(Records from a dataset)
◇ ◇ ◇

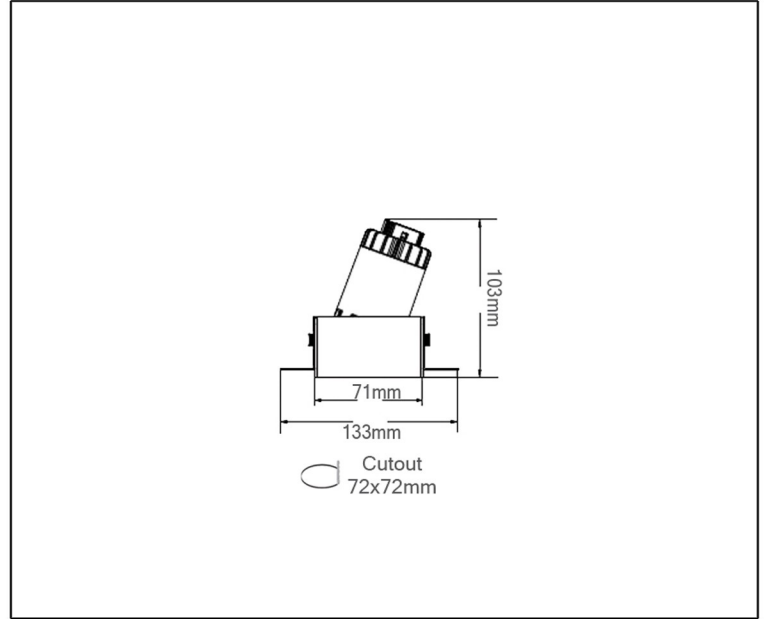

RECESSED DOWNLIGHT

TECHNICAL DATA SHEET - CORTAR 10 - 14933 - RECESSED TRIMLESS DOWNLIGHT

14933
 CREE LED
 Rated Luminaire Luminous Flux: 650lm
 Rated input power: 10W
 Luminaire efficiency: 65lm/W
 Input voltage: AC200-240V

Technical Data

Product Data	Recessed Trimless Downlight
Wattage	10W
Color Temperature	3000K
Rated Luminaire Luminous Flux	650lm
IP Rating	20
Beam Angle	30°
Frequency Range	50-60Hz
CRI	Ra>80/90
Power Factor	>0.9
Material	Aluminum with Powder coated surface
Finish	White + Iron Grey
Life Span	50,000Hrs
Warranty	5 Years
Applications	Residential, Commercial, Retail, etc.

Options

Wattage	20W
Beam Angle	15°/24°/36°/60°
Color Temperature	2700K-5000K

◇ ◇ ◇

▸ Exercise prompt: Which of the lines in the data hold the string "Luminous"? Report each of them by copying it.

▸ Task solution:
 Rated Luminaire Luminous Flux: 650lm
Rated Luminaire Luminous Flux	650lm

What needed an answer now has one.